Hepatobiliary and pancreatic surgeries procedures, including pancreatic duodenal resection or hepatic resection, are selectively performed across medical institutions, as they are recognized as complexity and significant inherent risk, with an average of 1400 hepato-biliary surgeries per year in high volume center [23]. The subsequent patient outcome assessment of these procedures requires a careful approach that encompasses the entire treatment continuum and considers both intraoperative fluid administration and hemodynamic status. However, the amount of fluid administered varies depending on the fluid restriction phase until parenchymal resection and the resuscitation phase after resection is complete for patients undergoing hepatectomy. Additionally, methods to reduce blood loss by maintaining a lower central venous pressure are being used, and the ERAS Society recommends euvolemia. Nevertheless, it is important to note that these protocols may exhibit variability contingent upon the specific subjects and research settings [16, 24]. Despite these efforts, little is known about GDFT during laparoscopic surgery with few studies done in hepatobiliary pancreatic surgeries [22]. Therefore, in this study, we investigated whether GDFT compared with conventional fluid therapy reduces postoperative complications, ICU admission and 90 days mortality in patients undergoing laparoscopic hepatobiliary or pancreatic surgery.

Materials and methods

Compliance with ethical guidelines

This interventional comparative study with a historical control group was approved in March 2016 by the Institutional Review Board (B-1604/343-002) and was registered with clinicaltrials.gov (NCT03169998). This study includes two groups, the GDFT and conventional groups. The GDFT group non-randomly included adult patients (>18 years) who were scheduled to undergo laparoscopic hepatobiliary or pancreatic surgery for more than 2 h. Hepatic surgery includes tumorectomy, minor segmentectomy as the resection of one or two liver segments and major segmentectomy as the resection of three or more liver segments, and lobectomy, while pancreatic surgery includes pylorus preserving pacreticoduodenectomy, pancreatectomy (central, distal, total). Bile duct surgery includes extended cholecystectomy and bile duct resection & anastomosis. Additionally, surgeries for both malignant and benign tumors are included. Written informed consent was obtained from all patients in the GDFT group. The GDFT group was recruited and acquired data prospectively between 9th January 2017 and 7th April 2020. Adult patients (>18 years old) who had undergone laparoscopic hepatobiliary or pancreatic surgery between 10th January 2012 and 27th December 2016 were selected retrospectively and assigned to the conventional group, and the data of conventional group were accessed through electric medical record for this research between 7th April 2020 and 10th July 2020. The written informed consent was exempted in the conventional group. We excluded of patients with end-stage renal disease, sepsis, pulmonary edema, congestive heart failure, arrhythmia, severe coagulopathy, and electrolyte imbalance that requires correction; Hyponatremia is defined as a serum sodium concentration of ≤135 mEq/L, and hypernatremia as ≥145 mEq/L, while hypokalemia is defined as a serum potassium concentration of ≤3.0 mEq/L, and hyperkalemia as ≥5.5 mEq/L. Moreover, when the surgical method was changed from laparoscopic to laparotomy, the patient was excluded.

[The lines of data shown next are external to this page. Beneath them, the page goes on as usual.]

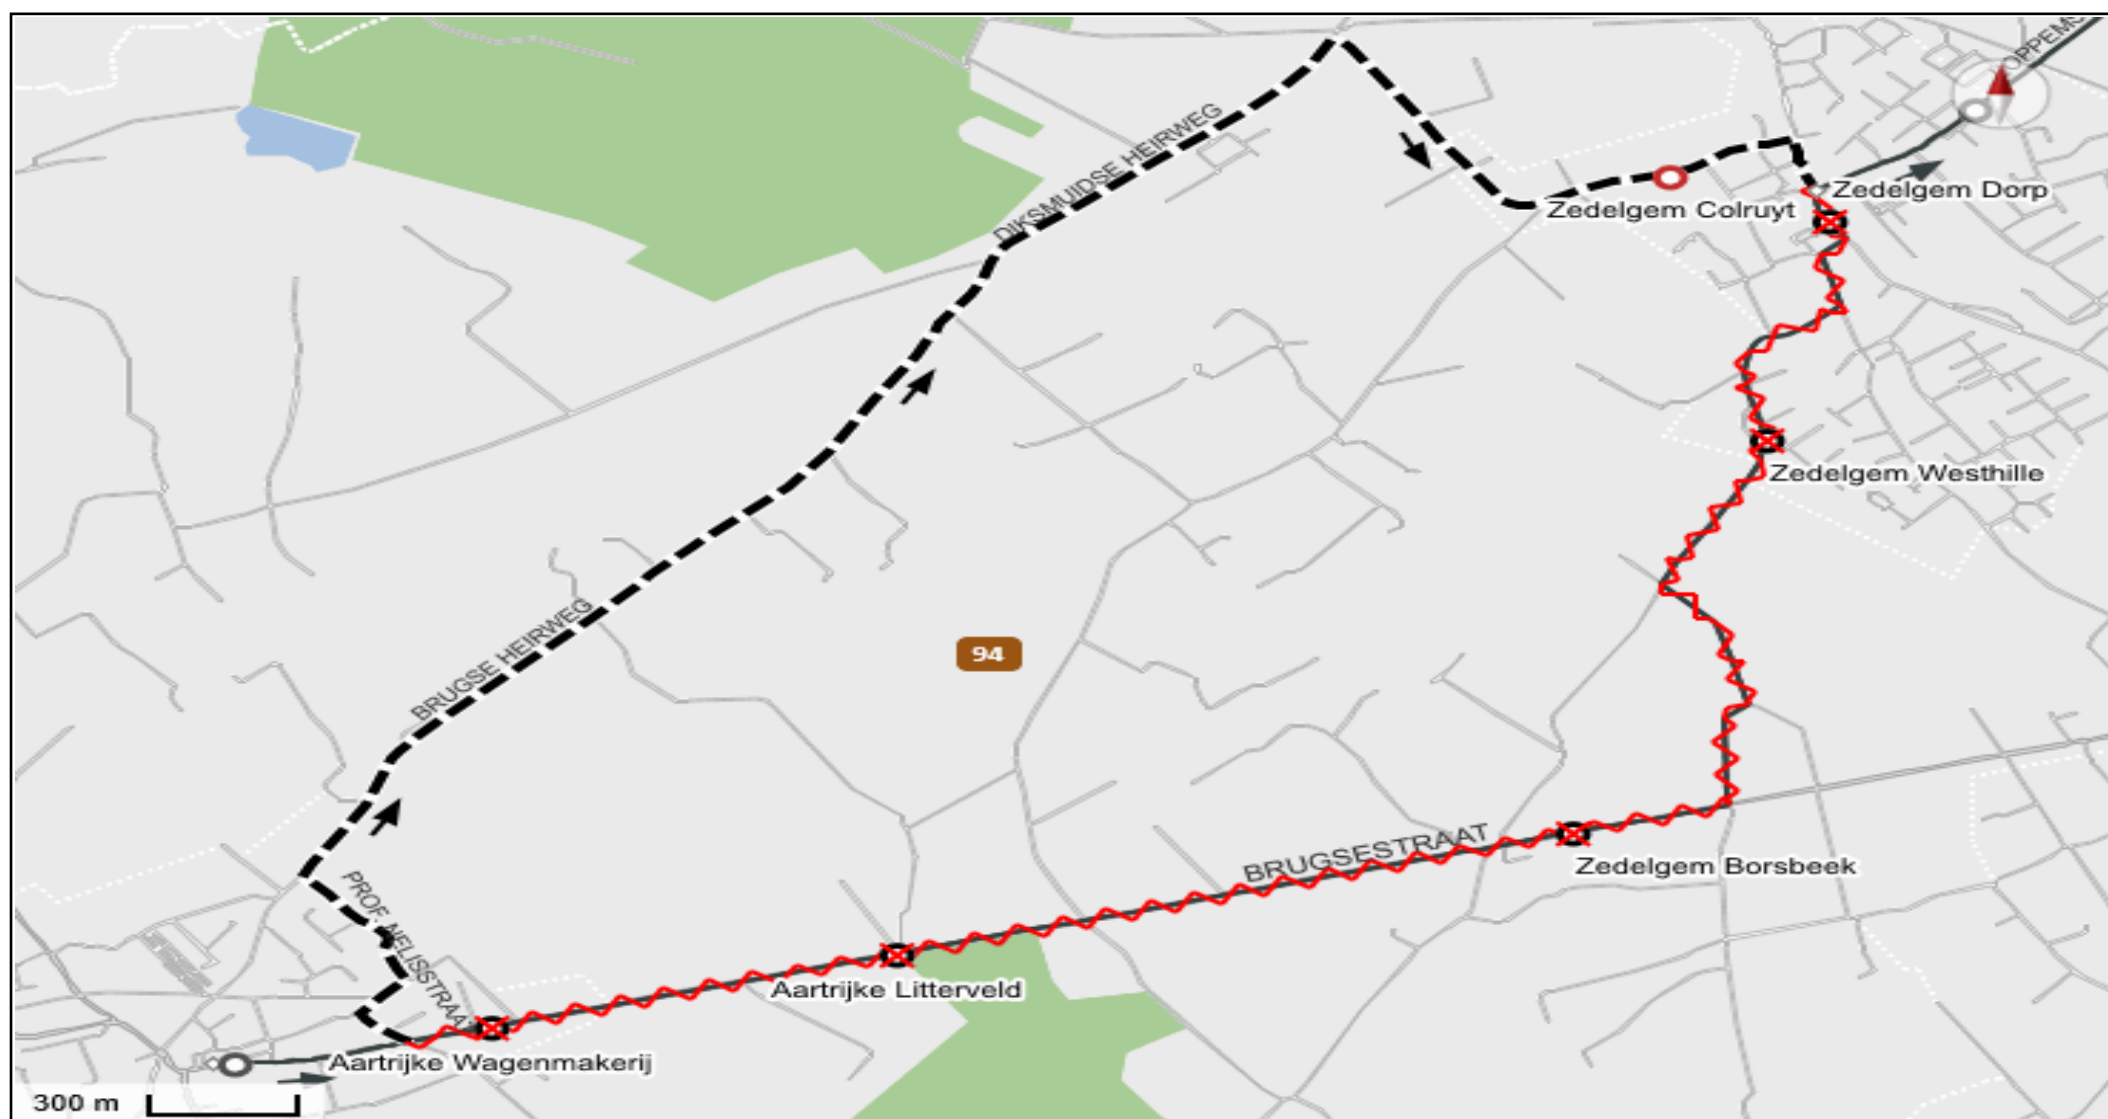

- Aartrijke : Wagenmakerij, Litterveld
- Zedelgem : Borsbeek, Westhille, Dorp

Vervanghalte

- Zedelgem : Colruyt (tijdelijk)

Legende	niet-bediende halte	vervanghalte	nieuwe reisweg
	afgeschafte reisweg	vervanghalte (tijdelijk)	richting
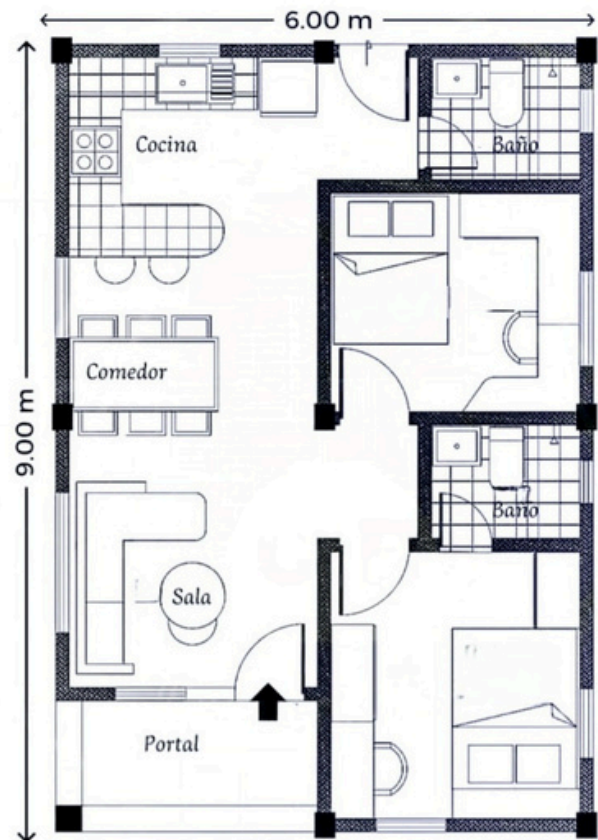

72m²

99.000€

- ➔ 3 habitaciones
- ➔ 1 baño
- ➔ Salón
- ➔ Cocina integrada

WWW.PANORAMACRYSTAL.COM

Telf. [+34 684 17 84 69](tel:+34684178469)

Telf. [+34 637 66 22 75](tel:+34637662275)

Modelo Panorama

54 M2 ; 65.000 €

- ➔ 2 habitaciones
- ➔ 1 baños
- ➔ Salón comedor
- ➔ Cocina integrada

Telf. +34 637 66 22 75

Telf. +34 684 17 84 69

WWW.PANORAMACRYSTAL.COM

Modelo Tomy
**42m2, construidos/
36m2 utiles/47.000 €**

- ➔ 1 habitaciones
- ➔ 1 baños
- ➔ Salón comedor
- ➔ Cocina integrada

MODULO 6 X 6

MODELO EROS

- El modelo de casa modular ·Eros· se compone de:
- Amplia sala de estar de más de 20m² con cocina integrada (posibilidad de cocina independiente).
- Un cuarto de baño completo
- Dos dormitorios dobles
- Forrado por fuera con saiding de PVC y aislante

El modelo incluye

- Instalación eléctrica e instalación de aguas;
 - 6 ventanas (3 con medida 100x100cm, dos ventanas panorámicas y una de 50x50 para el baño; Según las necesidades y presupuesto se pueden instalar más ventanas de diferentes medidas para iluminar el espacio;
 - Una puerta PVC para el cuarto de baño (corredera o abatible).
 - Otra de MDF para el dormitorio.
 - Puerta exterior de seguridad.
 - El espacio de 36m² da la opción de reorganizar la distribución de la manera que más convenga el estilo de vida.
 - La cocina estándar se compone de 5 cascos bajos y 2 altos, encimera, fregadero y grifería, (Con posibilidad de instalar campana extractora, placa de vitrocerámica, horno y más muebles de cocina.)
 - El baño es completo con plato de ducha con medidas 70x70cm, mampara, mueble de baño con espejo, lavabo, inodoro y griferías.
 - **CONSULTAR PRECIO**
- E- mail: office@panoramacrystal.com
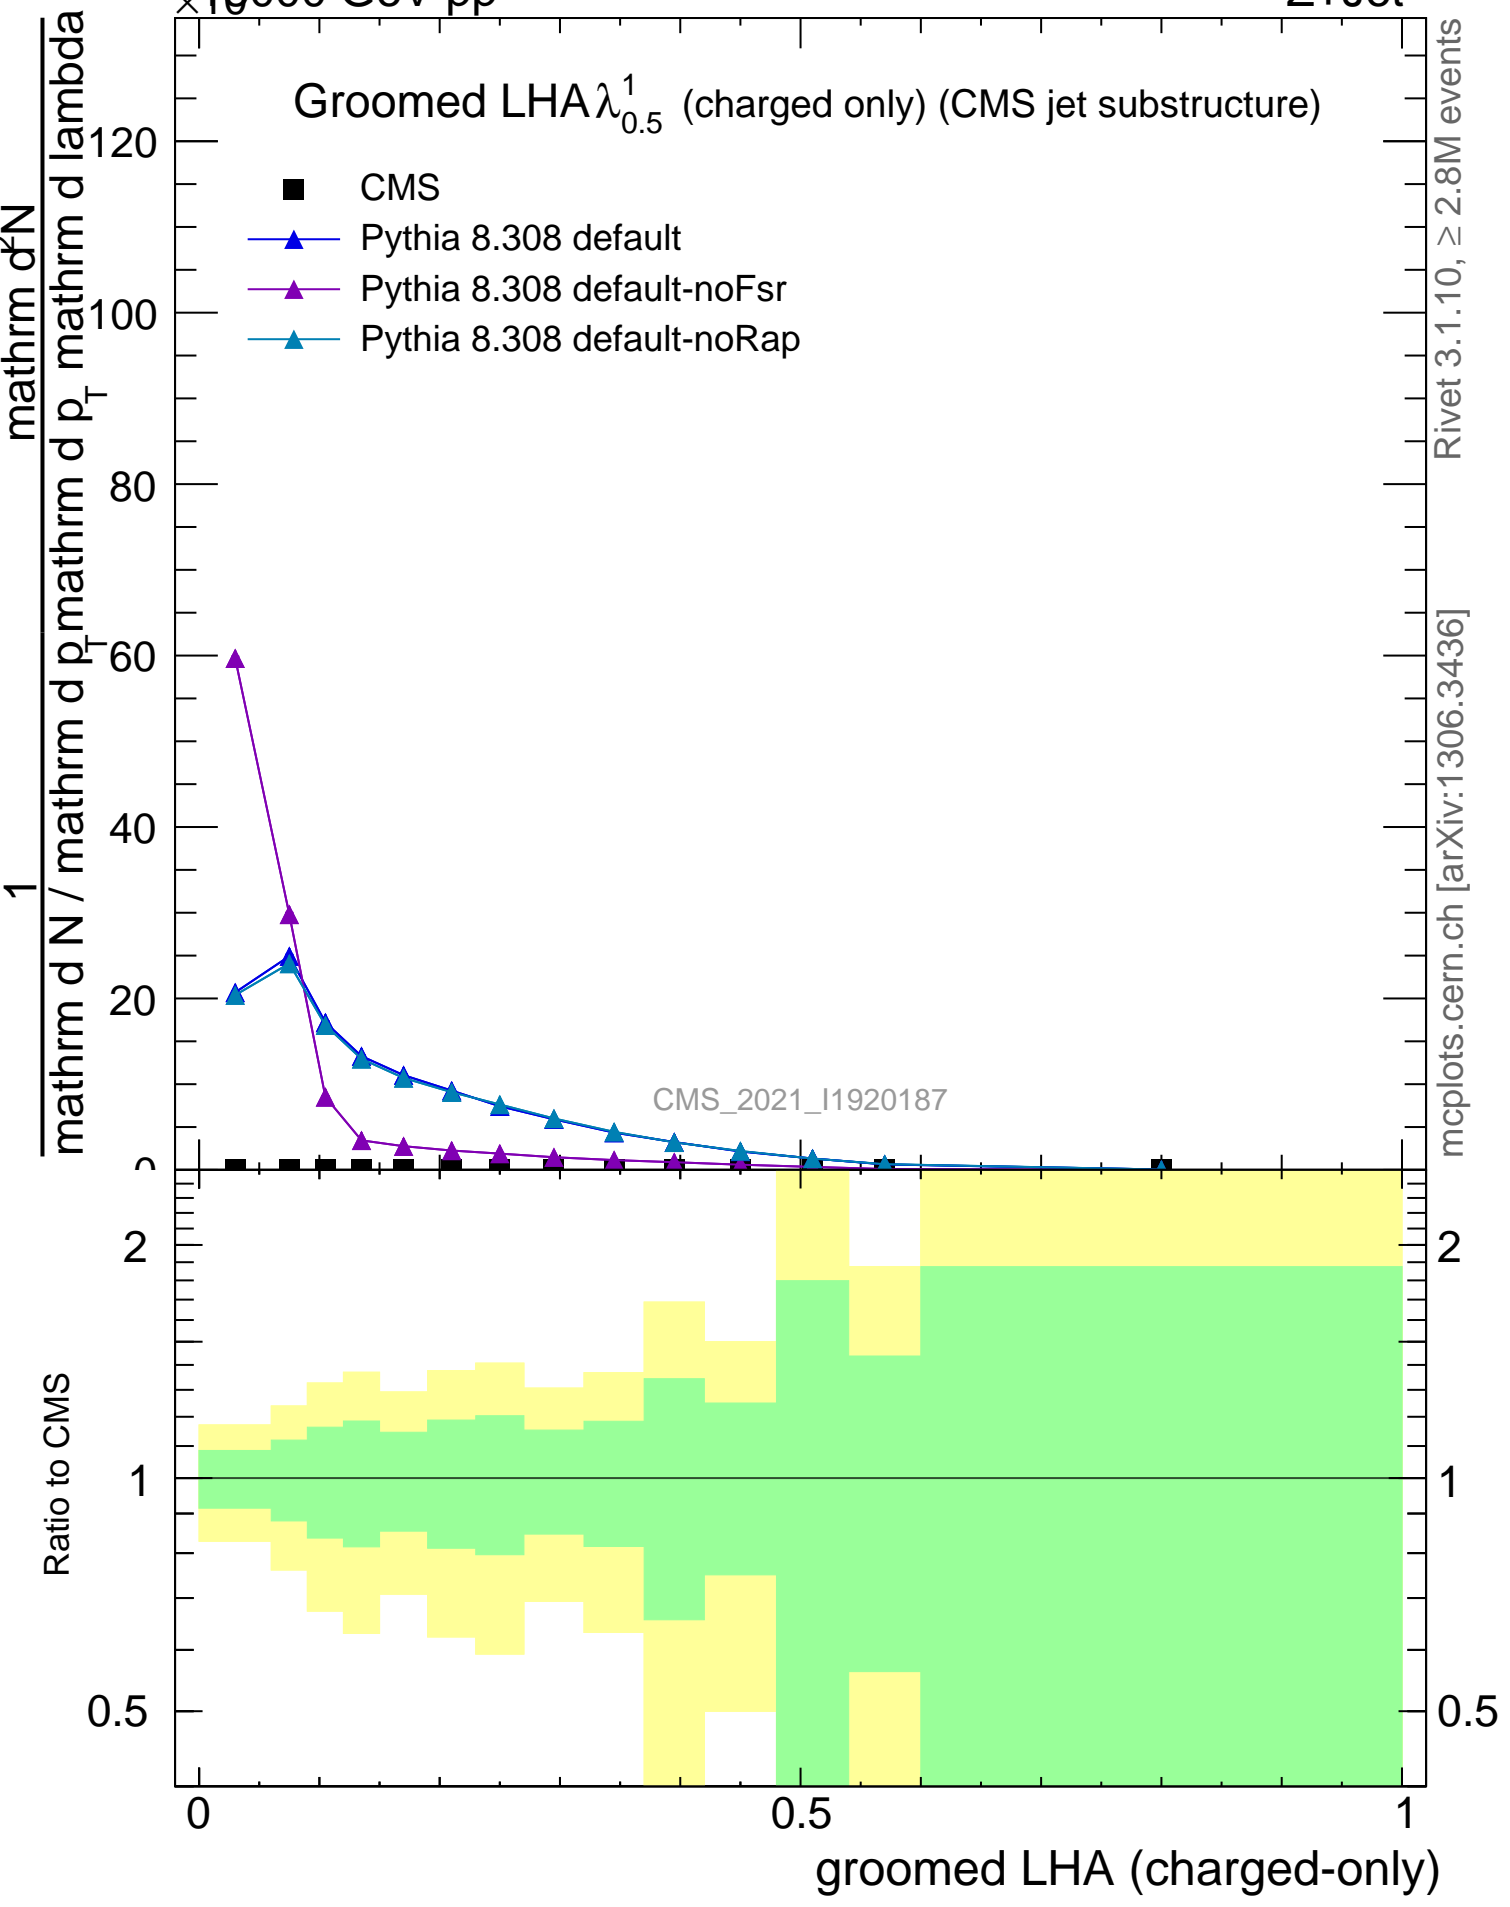

Groomed LHA $\lambda_{0.5}^1$ (charged only) (CMS jet substructure)

- CMS
- ▲ Pythia 8.308 default
- ▲ Pythia 8.308 default-noFsr
- ▲ Pythia 8.308 default-noRap

Rivet 3.1.10, ≥ 2.8M events
mcplots.cern.ch [arXiv:1306.3436]

Patients in the GDFT group received midazolam 0.03 mg/kg in the preoperative holding area. Anesthesia was induced with propofol 1–2 mg/kg, remifentanil target-controlled infusion starting at 3 ng/mL, and rocuronium 0.6 mg/kg IV. Anesthesia was maintained with desflurane, target-controlled infusion of remifentanil. Intraoperative anesthetic depth was monitored using the bispectral index (A-2000 BIS™ monitor; Aspect Medical Systems, Inc., Natick, MA, USA), which was maintained between 40–60. During general anesthesia, the ventilator settings were adjusted to maintain PaCO2 at 35–40 mmHg.

GDFT management

A FloTrac sensor was connected to the cannulated arterial catheter. In addition to continuous arterial pressure, stroke volume (SV), cardiac index (CI), and stroke volume variation (SVV) were continuously monitored on the EV1000 platform (Edwards Lifescience Corp., Irvine, CA, USA) using a FloTrac sensor. An intravenous crystalloid was administered until the SVV reached the proper SVV zone. Thereafter, the target hemodynamic status during surgery was maintained at heart rate of 60-100/min and systolic arterial pressure within ± 30% of the preoperative baseline values. Crystalloid was administered to the patients at 4–5 ml/kg/h during the operation. The GDFT protocol is illustrated in Fig 1. If the systolic arterial pressure decreased by more than 30% of the baseline value or ≤ 90 mmHg, fluid and drug management were performed according to the SV and CI of EV1000 platform, which were validated to predict fluid responsiveness and to be acceptable for CI monitoring, respectively [25, 26]. When the SV was reduced by 10% or more compared to the prior value, 250 ml of colloid was administered. Hydroxyethyl starch 6% 130/0.4 in a balanced electrolyte solution was used as the colloid bolus, and the maximum infusion volume should not exceed 1500 ml. Thereafter, only crystalloid was used for volume replacement. When colloid loading was unable to restore the SV value or when hypotension occurred without SV reduction, vasoconstrictors or inotropic agents were administered according to the CI. If the CI value was 2.5 or higher, vasoconstrictor was administered, and if the CI value was 2.5 or lower, inotropics were administered. Phenylephrine was primarily chosen as a vasoconstrictor administered by bolus or continuous infusion. Ephedrine was first used as an inotropic agent, and norepinephrine was infused after the administration of ephedrine up to 15 mg.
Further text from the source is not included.